Leave the images aside and copy out the whole listing, exact to the word.

Start of Block

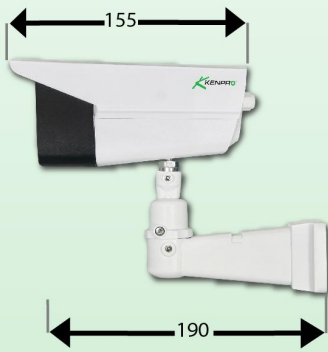

KP-H901HD (Len 6.0)

www.kenprocctv.com | 02-2220559

FEATURES

- ▶ ใช้ชิปประมวลผลภาพคุณภาพสูงและสามารถตั้งค่าพารามิเตอร์ของกล้องได้
- ▶ กล้อง 4 ระบบ AHD/CVI/TVI/CVBS ความละเอียด 2 ล้านพิกเซล
- ▶ มีระบบ IR-CUT สำหรับดูภาพกลางคืน
- ▶ ใช้งานในที่แสงน้อยได้
- ▶ ระยะการเดินสายสูงสุดถึง 500 เมตร
- ▶ รองรับการตรวจจับความเคลื่อนไหว
- ▶ รองรับการตั้งค่าพื้นที่ส่วนตัว
- ▶ ติดตั้งในพื้นที่ซ่อนแสงได้ด้วยฟังก์ชัน D-WDR
- ▶ มีปุ่มปรับระบบกล้องที่สาย ปรับระบบกล้องได้ง่าย

| SPECIFICATION | KP-H901HD (Len 6.0) |
|-----------------------|---|
| Effective Pixels | 1920x1080 |
| Video Output | BNC×1@ 1080p (HD TVI, HD AHD, HD CVI), 960H |
| Lens | f6mm |
| Electronic Shutter | 1/60s~1/67500s |
| S/N Ratio | >52dB (AGC off) |
| IR Distance | 50 Meter |
| White Balance | Auto |
| Day & Night | Support ICR |
| Image Sensor | 1080p Image Sensor |
| IR LEDs | 2pcs. IR Array |
| Image System | PAL/NTSC |
| Minimum Illumination | 0.1 Lux @(F1.2,AGC ON), 0 Lux with IR |
| Frame Rate | 30fps (60Hz) ,25fps(50Hz) |
| Auto-Gain | Support |
| Power | DC12V (±10%) |
| Operation Environment | -20°C~ 55°C, 10% ~ 90% (humidity) |

End of Block

Answer below.
KP-H901HD (Len 6.0)

www.kenprocctv.com | 02-2220559

FEATURES

- ▶ ใช้ชิปประมวลผลภาพคุณภาพสูงและสามารถตั้งค่าพารามิเตอร์ของกล้องได้
- ▶ กล้อง 4 ระบบ AHD/CVI/TVI/CVBS ความละเอียด 2 ล้านพิกเซล
- ▶ มีระบบ IR-CUT สำหรับดูภาพกลางคืน
- ▶ ใช้งานในที่แสงน้อยได้
- ▶ ระยะการเดินสายสูงสุดถึง 500 เมตร
- ▶ รองรับการตรวจจับความเคลื่อนไหว
- ▶ รองรับการตั้งค่าพื้นที่ส่วนตัว
- ▶ ติดตั้งในพื้นที่ซ่อนแสงได้ด้วยฟังก์ชัน D-WDR
- ▶ มีปุ่มปรับระบบกล้องที่สาย ปรับระบบกล้องได้ง่าย

| SPECIFICATION | KP-H901HD (Len 6.0) |
|-----------------------|---|
| Effective Pixels | 1920x1080 |
| Video Output | BNC×1@ 1080p (HD TVI, HD AHD, HD CVI), 960H |
| Lens | f6mm |
| Electronic Shutter | 1/60s~1/67500s |
| S/N Ratio | >52dB (AGC off) |
| IR Distance | 50 Meter |
| White Balance | Auto |
| Day & Night | Support ICR |
| Image Sensor | 1080p Image Sensor |
| IR LEDs | 2pcs. IR Array |
| Image System | PAL/NTSC |
| Minimum Illumination | 0.1 Lux @(F1.2,AGC ON), 0 Lux with IR |
| Frame Rate | 30fps (60Hz) ,25fps(50Hz) |
| Auto-Gain | Support |
| Power | DC12V (±10%) |
| Operation Environment | -20°C~ 55°C, 10% ~ 90% (humidity) |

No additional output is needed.